[ACTION ITEM] Return the records below in full. Keep every word exact and skip the images.

Stored items from a collection

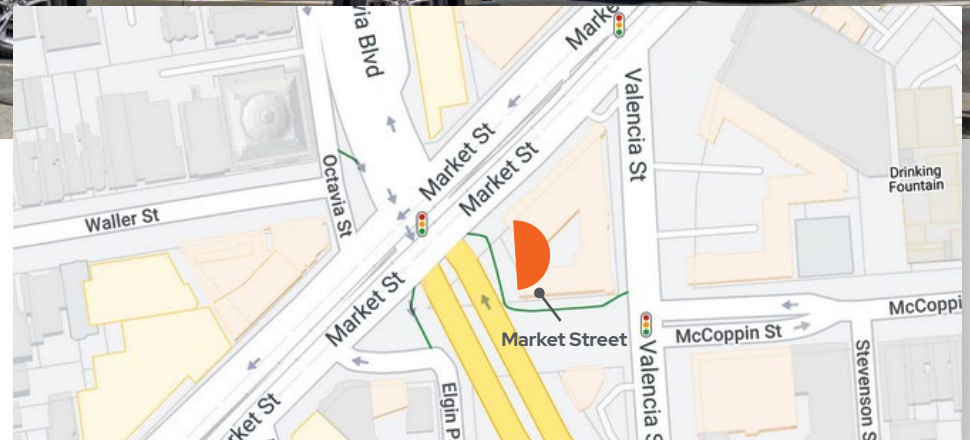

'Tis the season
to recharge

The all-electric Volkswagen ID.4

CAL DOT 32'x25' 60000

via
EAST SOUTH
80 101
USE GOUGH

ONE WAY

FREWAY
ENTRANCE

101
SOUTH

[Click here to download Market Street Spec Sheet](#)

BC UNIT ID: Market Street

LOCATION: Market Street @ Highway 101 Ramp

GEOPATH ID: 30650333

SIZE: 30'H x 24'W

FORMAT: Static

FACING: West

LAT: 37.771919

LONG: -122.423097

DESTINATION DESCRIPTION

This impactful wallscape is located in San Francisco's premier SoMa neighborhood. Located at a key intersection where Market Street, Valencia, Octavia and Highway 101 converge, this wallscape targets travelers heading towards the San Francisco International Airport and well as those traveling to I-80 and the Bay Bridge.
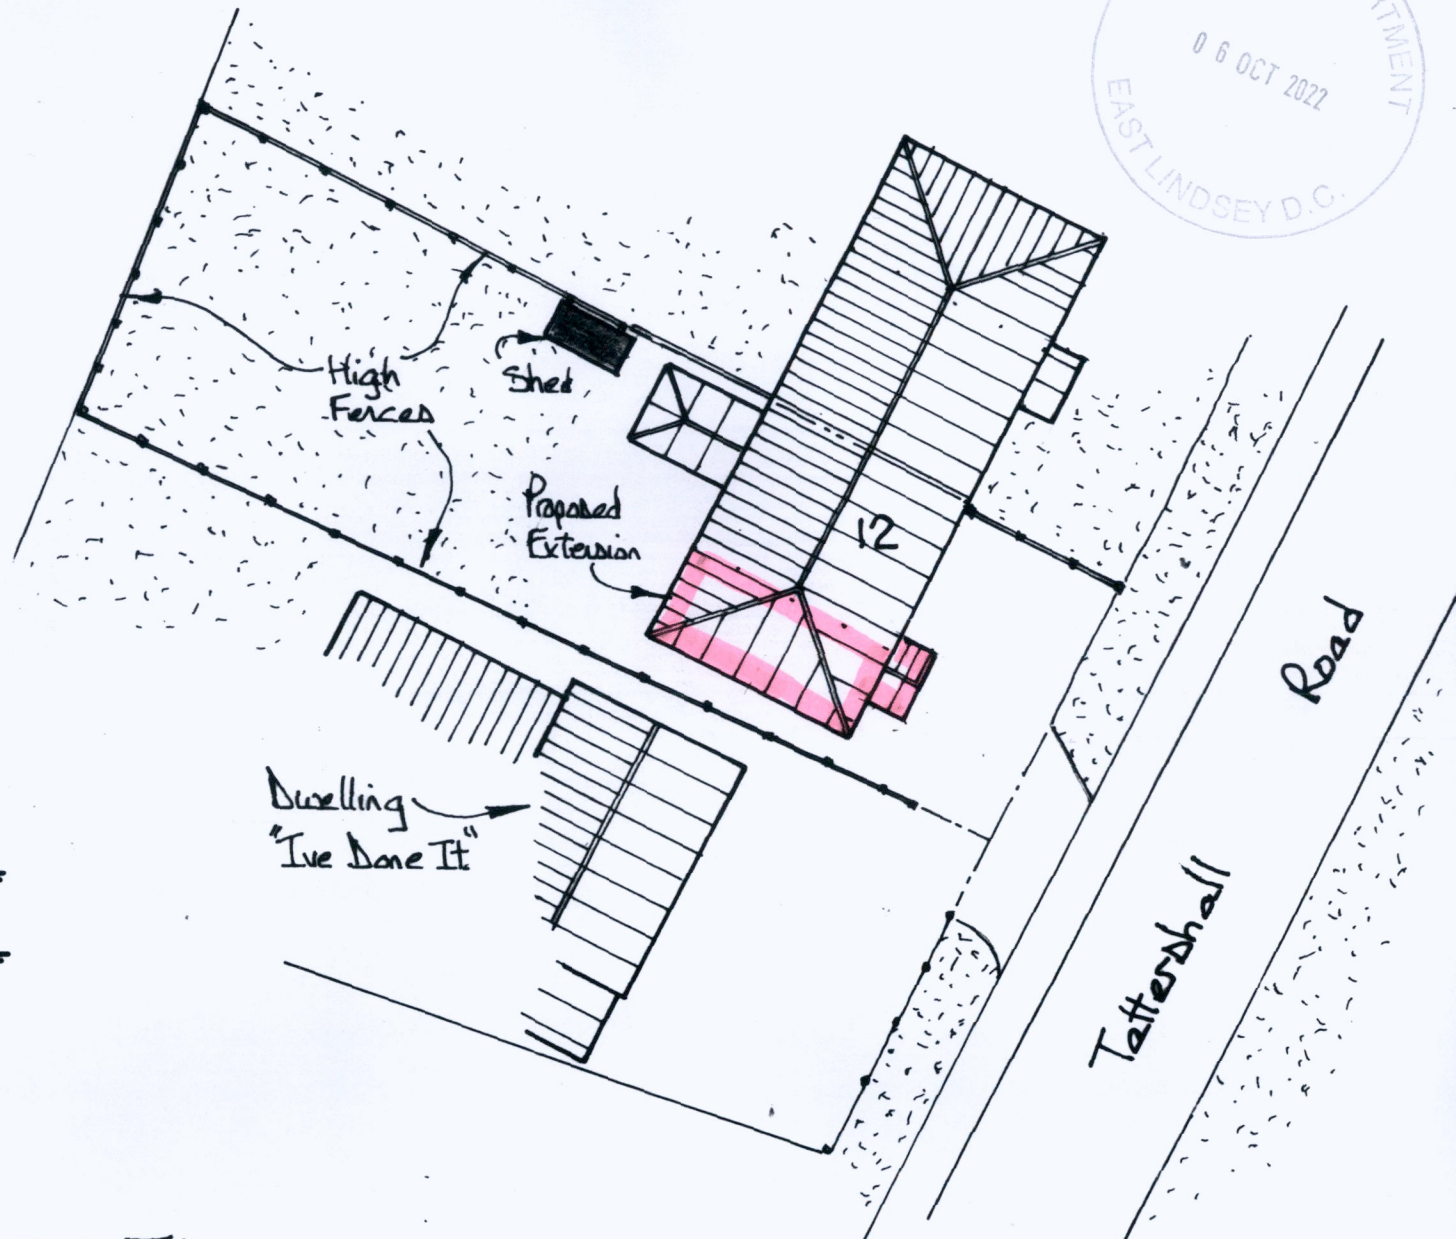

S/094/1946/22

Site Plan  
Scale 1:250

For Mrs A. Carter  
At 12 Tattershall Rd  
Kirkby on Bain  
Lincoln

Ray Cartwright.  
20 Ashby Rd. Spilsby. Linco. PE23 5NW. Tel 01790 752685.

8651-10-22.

[FINISHED EXERCISE]
'Tis the season
to recharge

The all-electric Volkswagen ID.4

CAL DOT 32'x25' 60000

via
EAST SOUTH
80 101
USE GOUGH

ONE WAY

FREWAY
ENTRANCE

101
SOUTH

[Click here to download Market Street Spec Sheet](#)

BC UNIT ID: Market Street

LOCATION: Market Street @ Highway 101 Ramp

GEOPATH ID: 30650333

SIZE: 30'H x 24'W

FORMAT: Static

FACING: West

LAT: 37.771919

LONG: -122.423097

DESTINATION DESCRIPTION

This impactful wallscape is located in San Francisco's premier SoMa neighborhood. Located at a key intersection where Market Street, Valencia, Octavia and Highway 101 converge, this wallscape targets travelers heading towards the San Francisco International Airport and well as those traveling to I-80 and the Bay Bridge.

S/094/1946/22

Site Plan  
Scale 1:250

For Mrs A. Carter  
At 12 Tattershall Rd  
Kirkby on Bain  
Lincoln

Ray Cartwright.  
20 Ashby Rd. Spilsby. Linco. PE23 5NW. Tel 01790 752685.

8651-10-22.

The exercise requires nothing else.